Carta da Capital Provincial
Depois do jantar, Han Zhen chamou Macaco para o escritório.
— Como tem se sentido ultimamente?
— Depois que me acostumei, de repente fiquei ocioso.
Macaco coçou a cabeça, um pouco constrangido. No começo da gestão, estava extremamente tenso, com os nervos à flor da pele, desejando vigiar tudo o tempo inteiro, dia e noite. Com o tempo, ao se familiarizar com o trabalho, depois de promover alguns encarregados e supervisores, percebeu de repente que sua presença era quase irrelevante, e a tranquilidade chegou. Mesmo que passasse o dia inteiro ausente, o forno de cal continuava funcionando normalmente.

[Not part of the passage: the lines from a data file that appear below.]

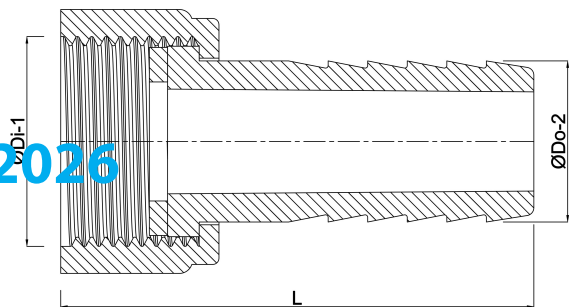

**Hose tail 2/3 union adaptor PP
3/4" x 12 mm female threaded
nut x hose tail 6bar grey
(0330228)**

TECHNICAL SPECIFICATIONS

Colour	grey
Material	PP
Material seal	EPDM
Connection	female threaded nut x hose tail
Pressure	6 bar
Max. temp.	80 °C
Size	3/4" x 12 mm

DIMENSIONS

L	53.5 mm
Lq-2	27 mm
ØDi-1	3/4 "
ØDo-2	12 mm

Last modified date: 13/03/2026

Bosta UK Ltd.
Reflection House
Olding Road
Bury St. Edmunds
Suffolk
IP33 3TA
T +44 (0) 1284 716580
E enquiries@bosta.co.uk
<http://www.bosta.com>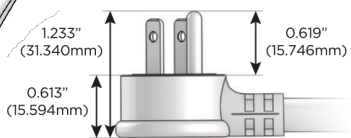

M-POWER-5T

AC POWER & DATA CONNECTIVITY SOLUTION

M-POWER-5TW-RAMAR-BRAATP

Specs:

Modules/Ports:

- **R** Switched AC (Rocker Switch)
- **A** Tamper Resistant AC Receptacle
- **M** Double USB-A (Fast Charging Ports - 18W)

R A M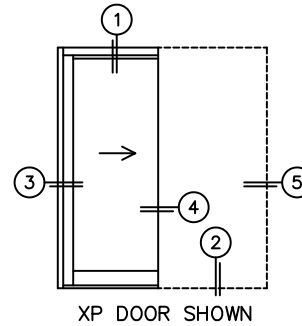

CALCULATED VALUES (FLEETWOOD SUPPLIED)

C(POCKET WIDTH)

N/A

D(NET FRAME WIDTH)

NOTES:

(USE RULER TO SCALE DIMENSIONS IN INCHES)

SCALE: 1/4

*CAUTION: WHEN CONSTRUCTING POCKET NOTE THAT DAYLIGHT WIDTH DOES NOT INCLUDE 1" SET BACK FOR POST INTERLOCKER.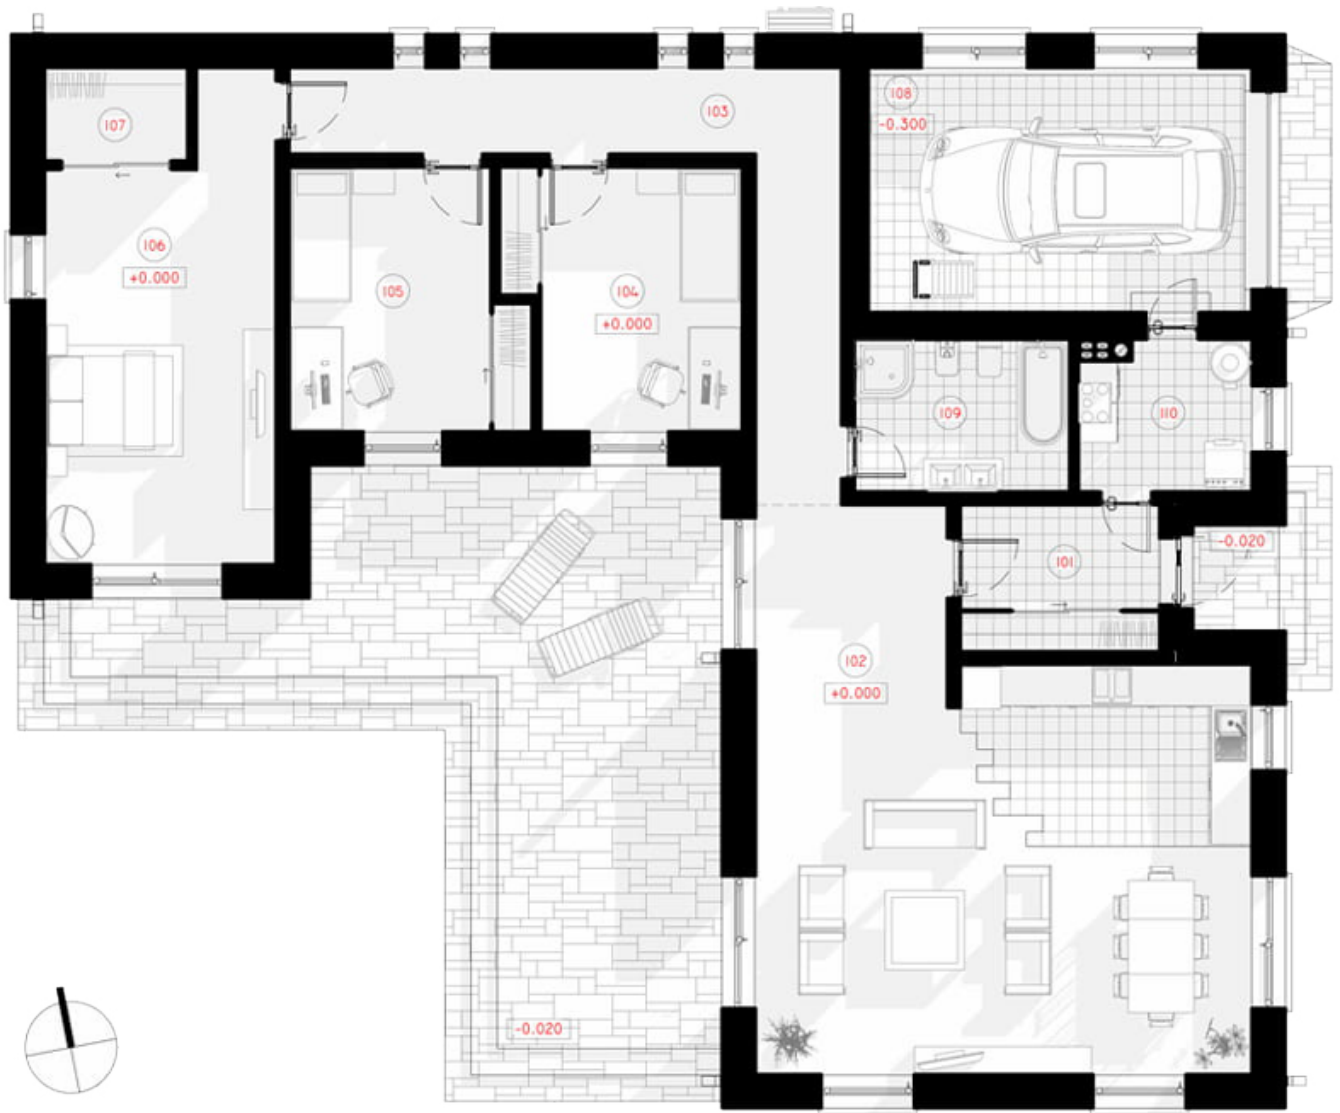

NPS

THE CHOCOLATE CUPCAKE

LIVING AREA	102.99
TOTAL AREA	165.47
NUMBER OF FLOORS	1
ROOF SLOPE	33.8
BUILDING AREA	215.61
LENGTH	19.29
WIDTH	16.25
HEIGHT	6.47
PRICE	€ 2.928 € 2.420

1ST FLOOR PLAN

101 CORRIDOR	6.68 m ²
102 KITCHEN-LIVING ROOM	53.45 m ²
103 HALL-CORRIDOR	17.77 m ²
104 CHILDREN`S ROOM	13.40 m ²
105 CHILDREN`S ROOM	13.40 m ²
106 PARENTS' BEDROOM	22.74 m ²

107 CLOSET	3.02 m ²
108 GARAGE	21.46 m ²
109 BATHROOM	7.48 m ²
110 BOILER ROOM	5.76 m ²
TOTAL:	165.16 m²

3D PLAN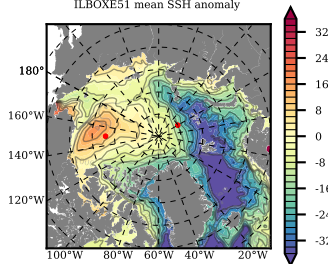

ILBOXE51 mean FWC (m) over 2004

Mean FWC (m) from BG Obs Sys. (Proshutinsky et al. GRL2018) over year 2004

Mean FWC (m) from Init State

ILBOXE51 mean SSH anomaly

Mean DOT from Armitage et al. 2017 2004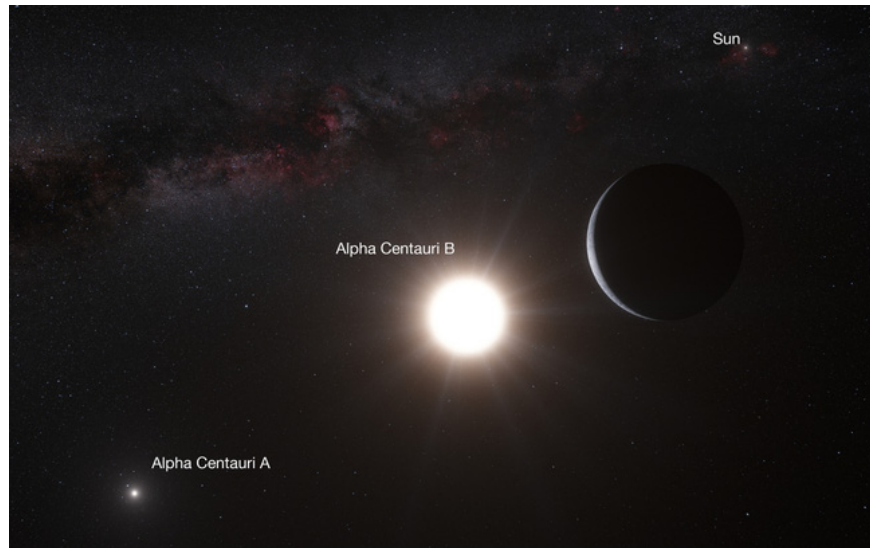

insulating atmosphere, the temperature will reach 30 degrees C (80 degrees F), warm enough to keep liquid water on the surface.

Distance from Alpha Centauri A and Alpha Centauri B to Subtle

3: Number of stars in Alpha Centauri system. In addition to Proxima Centauri, there are Alpha Centauri A and B forming a pair of binary stars.

1.3 : The weight of the planet " *strange* " Proxima b compared to Earth. This newly discovered planet is very similar in size to Earth, only slightly larger.

0.24 light years : Distance from Alpha Centauri A and Alpha Centauri B to Subtle. With this distance, some astronomers have asked, " *Will Proxima Centauri be considered part of the same star system?*"

You finished reading the article "**The mystery of the numbers of Proxima b: The 'Second Earth' on the planet may exist life**" edited by the [TipsMake](#) team. We hope this article has provided you with many useful tech tips and tricks. You can search for similar articles on tips and guides. Thank you for reading and for following us regularly.

— Eu já lhe disse, não pense que esse cargo é tão difícil — Han Zhen transmitiu seus ensinamentos sem reservas. — É como na Vila Wang: quando não estou lá, será que os moradores deixam de cultivar ou de comer? Macaco, lembre-se de uma coisa: não se coloque acima dos outros, nem se ache imprescindível. O mundo gira sem depender de ninguém. Mesmo que o imperador Zhao morra amanhã, outro tomará o trono, e o povo continuará a plantar e trabalhar.
Macaco piscou, meditativo. Han Zhen podia dizer isso a ele, mas não aos outros — Ma San Gou, Pequeno Inseto ou Gu Song — porque eles não entenderiam.
Após um instante, Macaco franziu a testa:
— Acho que entendi um pouco, mas ao mesmo tempo não entendi.
— Não se preocupe, com o tempo vai compreender — Han Zhen sorriu, depois ordenou: — Já deve saber quem são os trabalhadores do forno; escolha alguém para assumir o seu lugar.
— Certo! — Macaco assentiu, sem questionar. Se Han Zhen queria que ele deixasse o forno de cal, certamente era para lhe dar outro cargo.
— Vá, e aproveite para chamar Gu Song e Pedra para mim.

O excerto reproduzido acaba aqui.